Start of Block
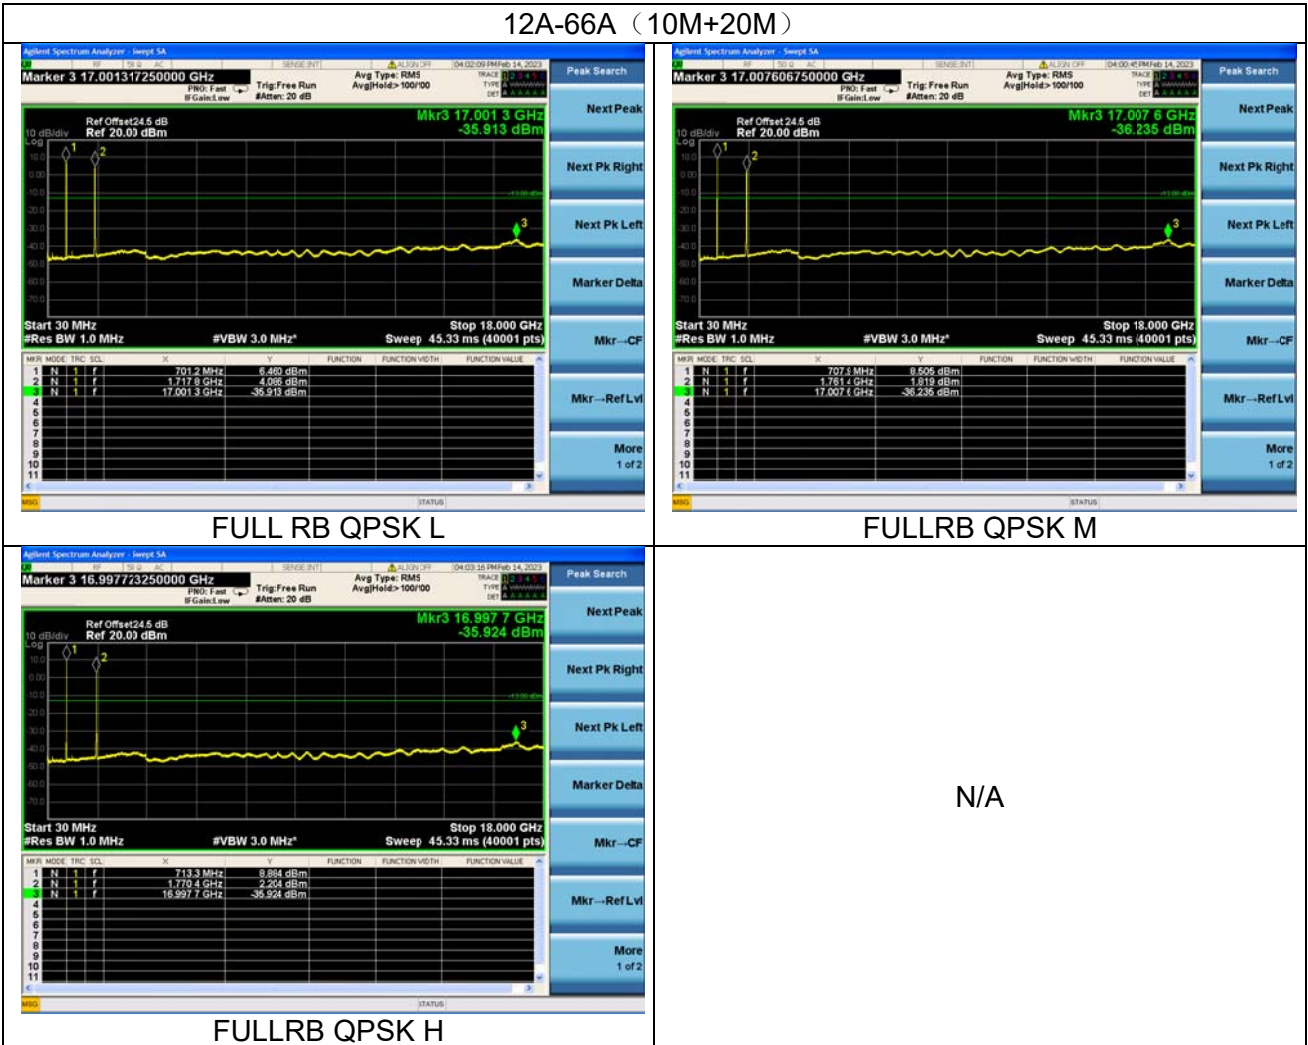

Band48C-30M-20G / 20MHz+20MHz
/100RB+100RB/ QPSK / High CH

Band48C-20G-37G / 20MHz+20MHz
/100RB+100RB/ QPSK / High CH

2A-12A (20M+10M)

12A-66A (10M+20M)

N/A
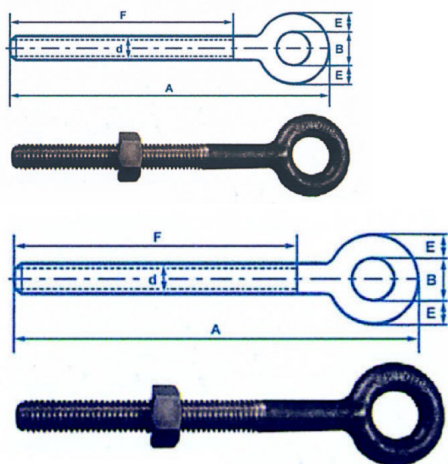

## Pitons à œil rond

**Caractéristiques techniques ?** Acier estampé ? Pièces filetées avec un écrou *Round eye bolts* **Sur demande** - Pièces brutes de forge - Pièces plus courtes - Pièces zinguées blanc - Pièces filetées à gauche - Pièces usinées suivant plan du client - Écrous et rondelles supplémentaires

### Description du produit

Ød mm	A mm	B mm	E mm	F mm	Force pratique daN	Code produit - Pièce brut	Code produit - Pièce fileté un écrou
8	100	12	6	55	150	314000008	314005008
10	125	15	8	65	250	314000010	314005010
12	150	17	10	80	400	314000012	314005012
14	170	18	11	95	600	314000014	314005014
16	190	20	13	110	800	314000016	314005016
18	210	22	18	115	1000	314000018	314005018
20	230	25	17	125	1200	314000020	314005020
22	250	27	18	135	1500	314000022	314005022
24	270	30	20	140	2000	314000024	314005024
27	300	34	22	150	2500	314000027	314005027
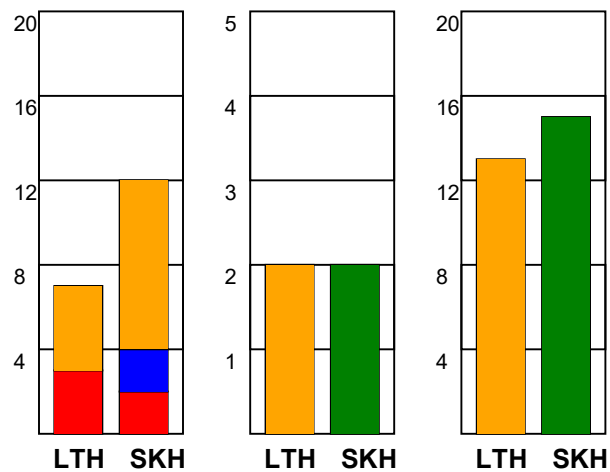

KAMPRAPPORT

Lemvig-Thyborøn Håndbold - Skjern Håndbold 28 - 28 (12 - 15)

590152 / 2-2-2024 / Jysk Energi Arena Lemvig / Herreligaen

Fordeling af mål og skud:

Gbr=Gennembrud. 1.f=Kontra første bølge. 2.f=Kontra anden bølge

Angrebet sluttede med:

Tekn. Fejl

2 min

Assist

Skuddene endte med:

Målforskel i løbet af kampen:
End of Block
▸ **TASK DIRECTIONS**
Each entry, word for word, belongs in your answer; each picture does not.

▸ **TASK OUTPUT**
Band48C-30M-20G / 20MHz+20MHz
/100RB+100RB/ QPSK / High CH

Band48C-20G-37G / 20MHz+20MHz
/100RB+100RB/ QPSK / High CH

2A-12A (20M+10M)

12A-66A (10M+20M)

N/A

## Pitons à œil rond

**Caractéristiques techniques ?** Acier estampé ? Pièces filetées avec un écrou *Round eye bolts* **Sur demande** - Pièces brutes de forge - Pièces plus courtes - Pièces zinguées blanc - Pièces filetées à gauche - Pièces usinées suivant plan du client - Écrous et rondelles supplémentaires

### Description du produit

Ød mm	A mm	B mm	E mm	F mm	Force pratique daN	Code produit - Pièce brut	Code produit - Pièce fileté un écrou
8	100	12	6	55	150	314000008	314005008
10	125	15	8	65	250	314000010	314005010
12	150	17	10	80	400	314000012	314005012
14	170	18	11	95	600	314000014	314005014
16	190	20	13	110	800	314000016	314005016
18	210	22	18	115	1000	314000018	314005018
20	230	25	17	125	1200	314000020	314005020
22	250	27	18	135	1500	314000022	314005022
24	270	30	20	140	2000	314000024	314005024
27	300	34	22	150	2500	314000027	314005027

KAMPRAPPORT

Lemvig-Thyborøn Håndbold - Skjern Håndbold 28 - 28 (12 - 15)

590152 / 2-2-2024 / Jysk Energi Arena Lemvig / Herreligaen

Fordeling af mål og skud:

Gbr=Gennembrud. 1.f=Kontra første bølge. 2.f=Kontra anden bølge

Angrebet sluttede med:

Tekn. Fejl

2 min

Assist

Skuddene endte med:

Målforskel i løbet af kampen:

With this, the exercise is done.